- Instructions to follow -
Go through the lines below. Copy those with "Elev".

- Dataset content -
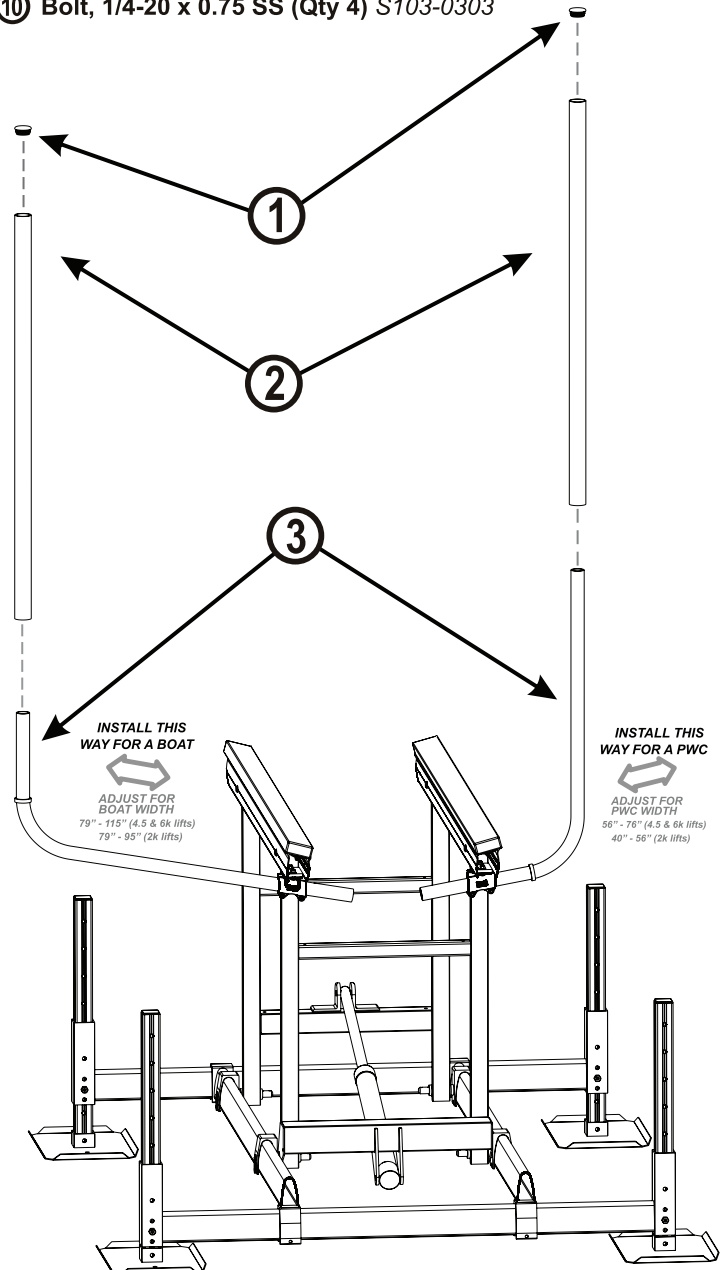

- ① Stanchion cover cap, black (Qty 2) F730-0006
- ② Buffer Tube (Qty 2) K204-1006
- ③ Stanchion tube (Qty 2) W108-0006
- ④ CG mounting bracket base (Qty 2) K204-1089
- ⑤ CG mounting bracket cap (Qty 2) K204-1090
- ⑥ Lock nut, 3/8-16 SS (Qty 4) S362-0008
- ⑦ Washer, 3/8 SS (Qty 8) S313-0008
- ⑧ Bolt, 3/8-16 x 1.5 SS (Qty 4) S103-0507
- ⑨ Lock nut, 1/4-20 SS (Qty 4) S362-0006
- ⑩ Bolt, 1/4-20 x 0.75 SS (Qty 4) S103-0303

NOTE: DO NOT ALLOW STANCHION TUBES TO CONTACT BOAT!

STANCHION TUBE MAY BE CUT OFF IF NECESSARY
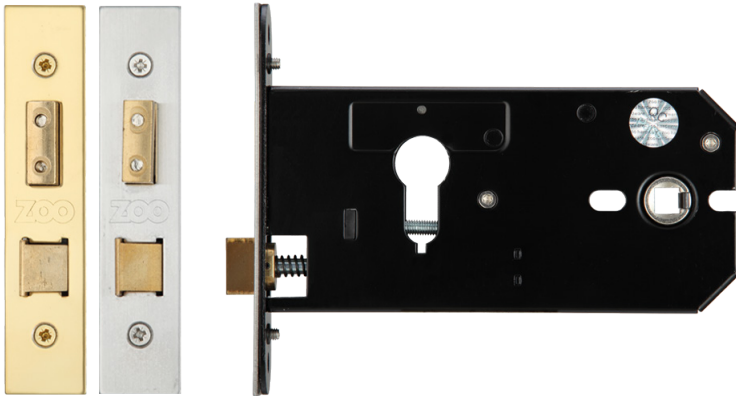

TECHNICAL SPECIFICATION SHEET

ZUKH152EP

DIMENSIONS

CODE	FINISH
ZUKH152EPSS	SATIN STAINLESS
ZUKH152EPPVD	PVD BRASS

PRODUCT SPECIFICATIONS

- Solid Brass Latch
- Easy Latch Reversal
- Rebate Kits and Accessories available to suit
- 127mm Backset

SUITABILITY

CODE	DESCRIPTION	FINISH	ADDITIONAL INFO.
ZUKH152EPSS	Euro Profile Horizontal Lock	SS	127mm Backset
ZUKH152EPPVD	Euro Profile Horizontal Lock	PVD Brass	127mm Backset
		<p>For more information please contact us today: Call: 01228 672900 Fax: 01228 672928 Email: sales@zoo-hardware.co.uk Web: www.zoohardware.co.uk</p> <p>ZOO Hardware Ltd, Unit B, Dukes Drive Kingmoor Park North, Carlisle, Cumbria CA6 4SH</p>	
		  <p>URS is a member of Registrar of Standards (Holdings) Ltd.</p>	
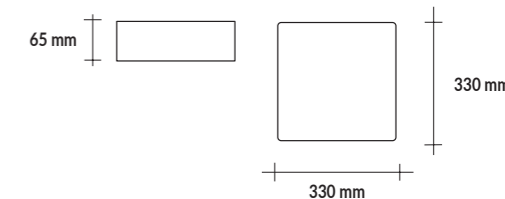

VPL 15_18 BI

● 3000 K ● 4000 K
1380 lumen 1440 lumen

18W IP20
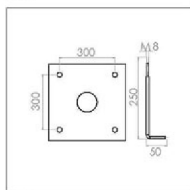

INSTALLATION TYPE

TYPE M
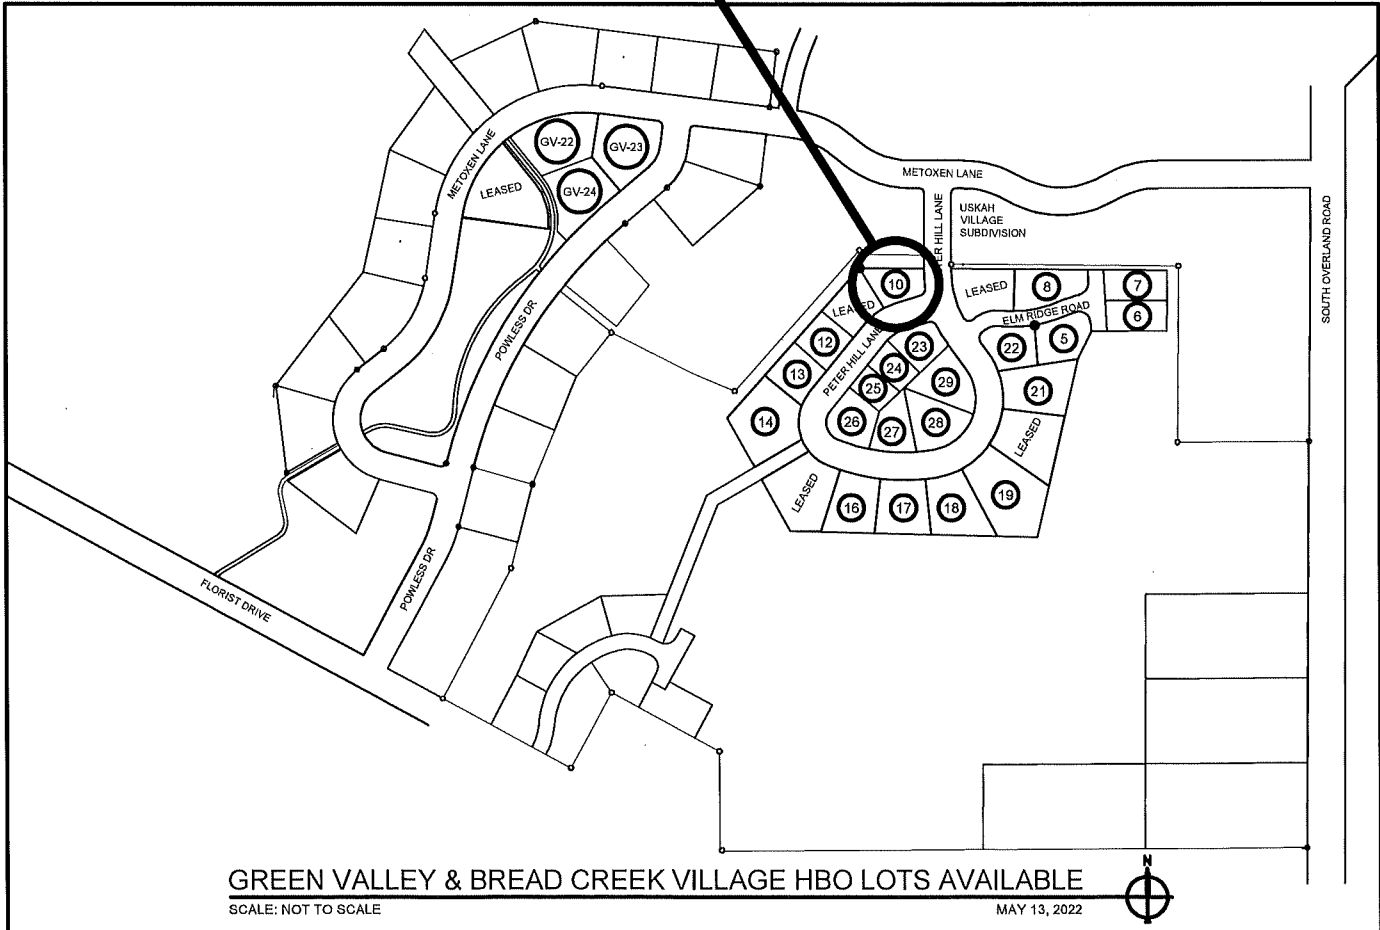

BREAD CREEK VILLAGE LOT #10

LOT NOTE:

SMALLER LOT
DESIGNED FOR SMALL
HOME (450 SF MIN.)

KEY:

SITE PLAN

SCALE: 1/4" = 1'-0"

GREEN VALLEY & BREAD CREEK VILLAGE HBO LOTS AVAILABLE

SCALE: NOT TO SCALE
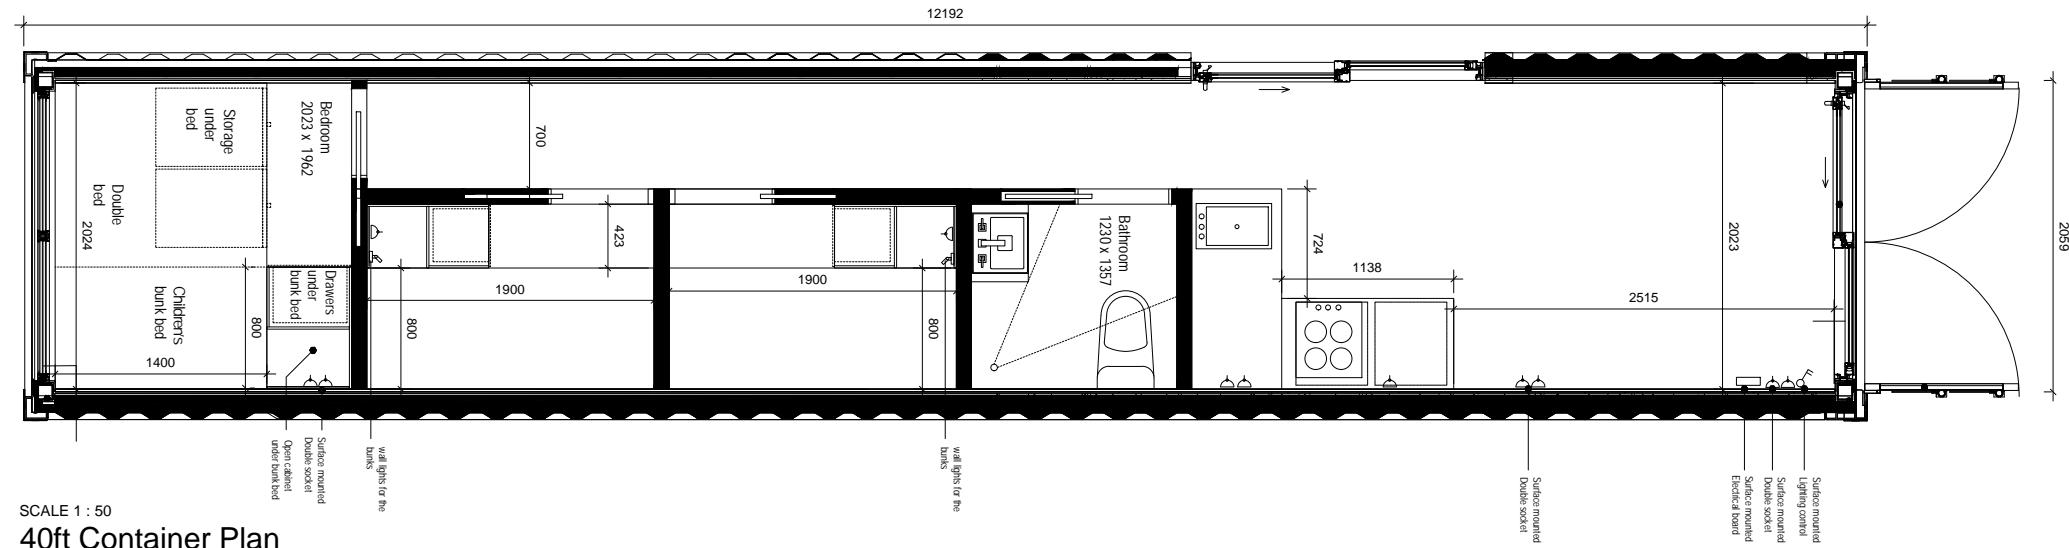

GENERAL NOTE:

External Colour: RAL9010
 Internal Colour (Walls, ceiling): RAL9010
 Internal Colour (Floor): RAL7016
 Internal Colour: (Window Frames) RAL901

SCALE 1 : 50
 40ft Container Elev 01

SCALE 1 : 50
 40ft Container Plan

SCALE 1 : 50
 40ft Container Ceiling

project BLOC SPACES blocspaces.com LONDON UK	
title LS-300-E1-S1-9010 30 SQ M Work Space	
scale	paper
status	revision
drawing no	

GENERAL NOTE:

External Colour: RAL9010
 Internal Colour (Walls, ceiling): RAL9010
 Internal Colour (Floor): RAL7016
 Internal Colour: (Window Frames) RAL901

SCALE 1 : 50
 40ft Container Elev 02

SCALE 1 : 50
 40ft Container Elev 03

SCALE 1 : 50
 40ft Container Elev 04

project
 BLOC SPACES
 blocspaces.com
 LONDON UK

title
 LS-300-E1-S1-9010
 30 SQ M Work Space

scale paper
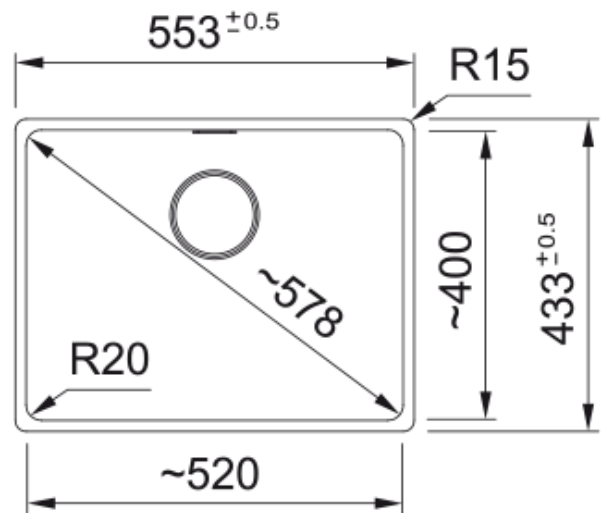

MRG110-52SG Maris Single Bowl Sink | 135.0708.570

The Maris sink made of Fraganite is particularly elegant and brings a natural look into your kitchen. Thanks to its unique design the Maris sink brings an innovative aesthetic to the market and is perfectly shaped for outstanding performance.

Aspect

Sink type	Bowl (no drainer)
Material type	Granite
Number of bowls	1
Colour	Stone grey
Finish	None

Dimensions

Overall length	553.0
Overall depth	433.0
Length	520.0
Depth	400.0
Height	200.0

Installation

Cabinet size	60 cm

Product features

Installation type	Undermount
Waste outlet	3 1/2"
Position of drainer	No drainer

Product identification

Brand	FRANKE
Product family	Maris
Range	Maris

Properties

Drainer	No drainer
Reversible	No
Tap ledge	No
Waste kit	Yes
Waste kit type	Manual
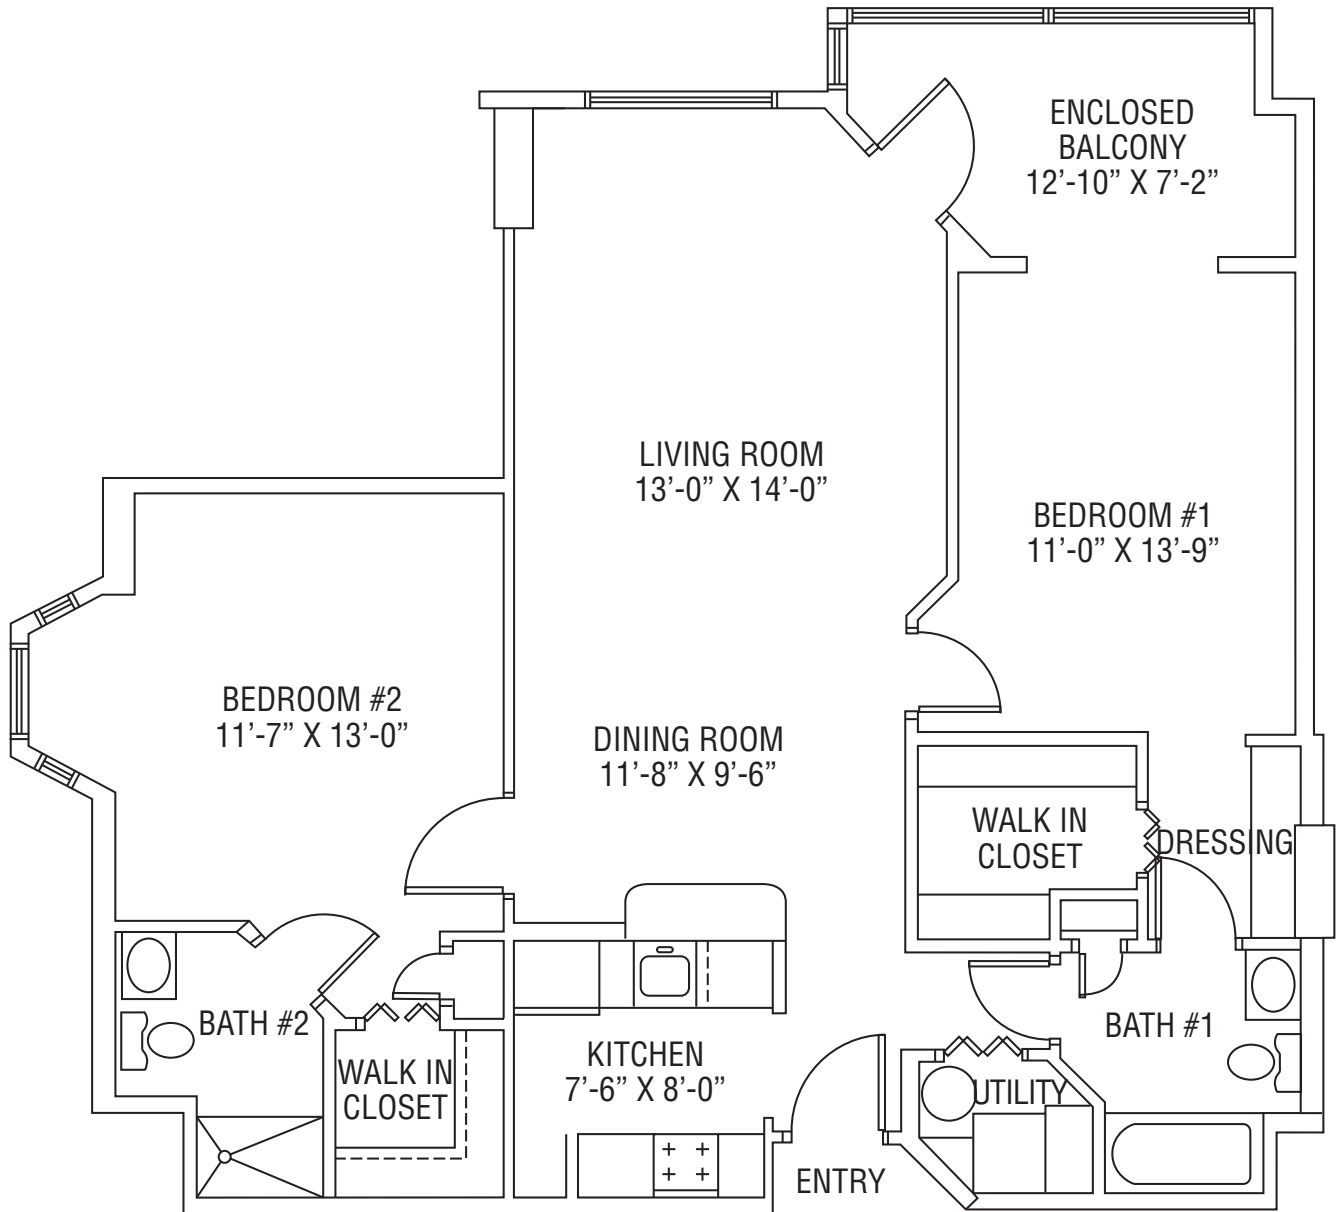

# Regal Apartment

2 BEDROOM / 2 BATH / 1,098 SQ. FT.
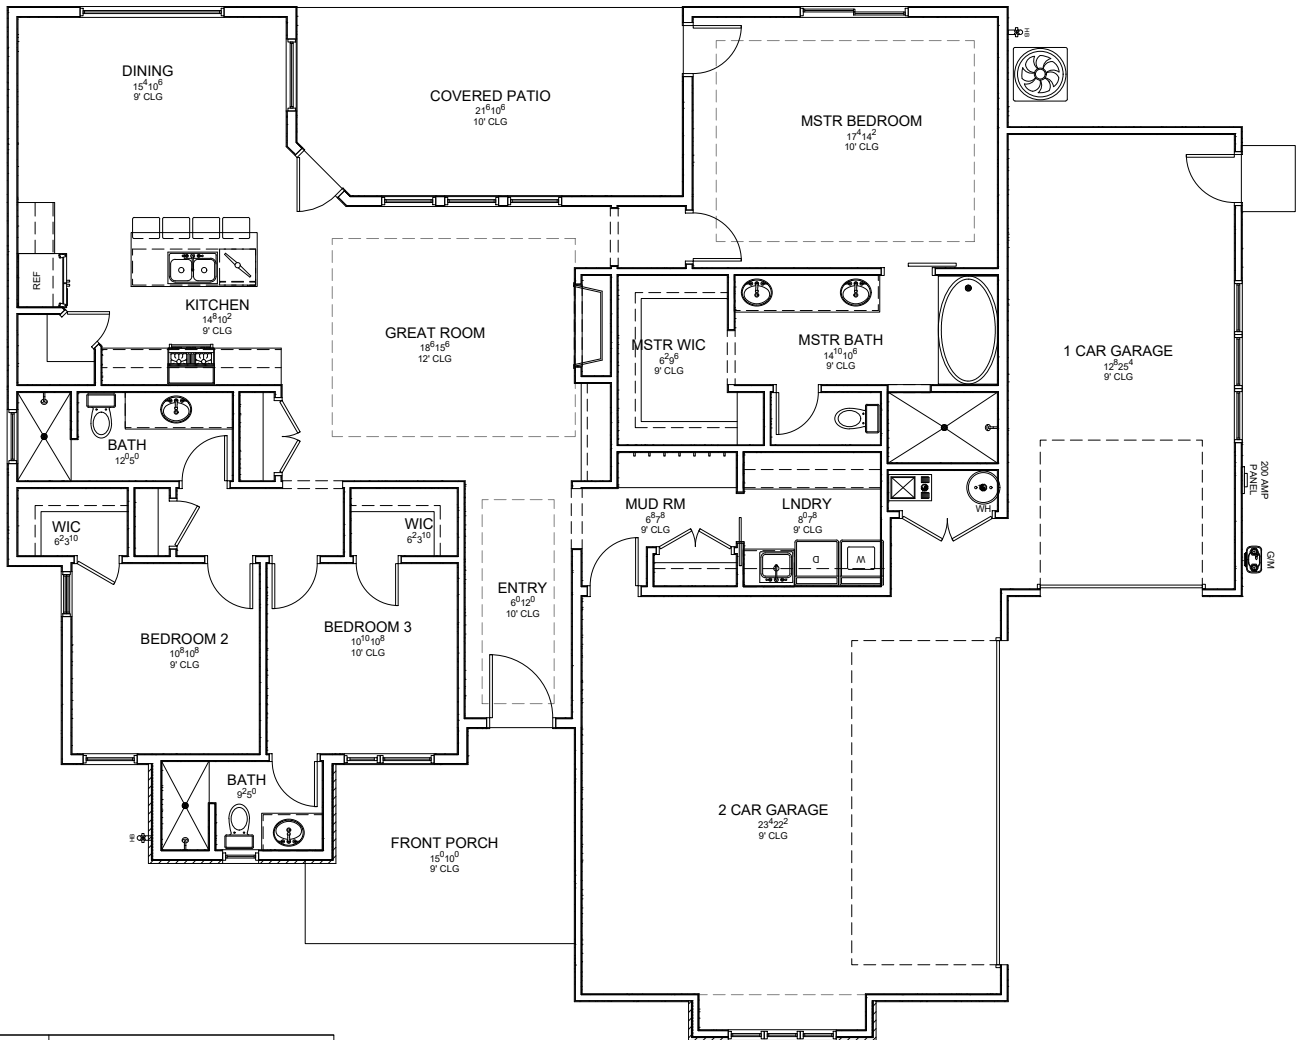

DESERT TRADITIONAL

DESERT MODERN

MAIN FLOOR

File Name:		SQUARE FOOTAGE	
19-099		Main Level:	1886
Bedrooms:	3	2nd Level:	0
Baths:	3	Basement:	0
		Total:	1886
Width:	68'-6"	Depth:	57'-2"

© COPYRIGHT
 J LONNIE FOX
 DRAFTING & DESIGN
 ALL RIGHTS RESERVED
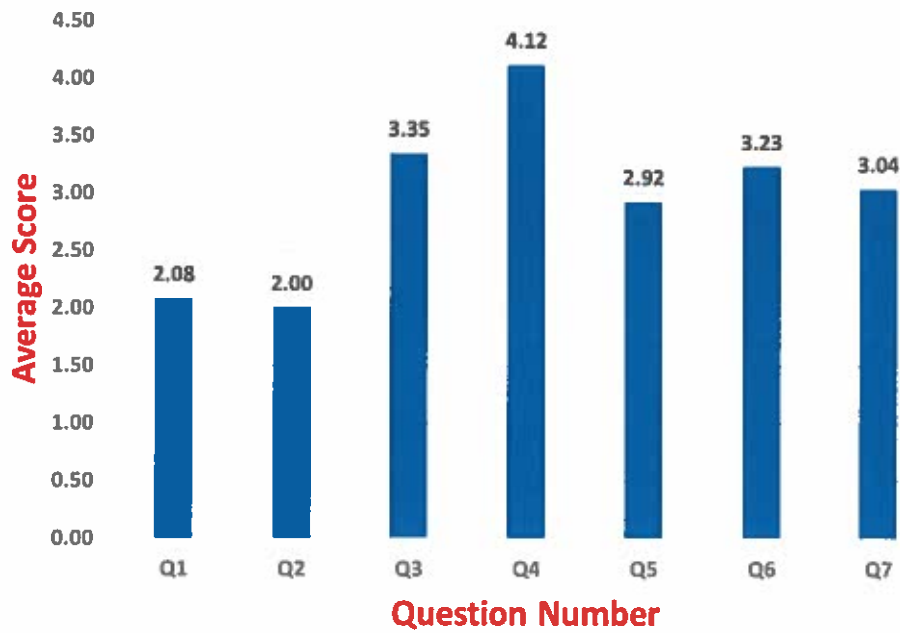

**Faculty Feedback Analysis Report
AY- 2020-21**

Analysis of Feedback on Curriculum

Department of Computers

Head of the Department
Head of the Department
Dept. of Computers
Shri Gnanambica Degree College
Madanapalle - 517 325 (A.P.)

- Exercise output -
 40ft Container Elev 01
 40ft Container Elev 02
 40ft Container Elev 03
 40ft Container Elev 04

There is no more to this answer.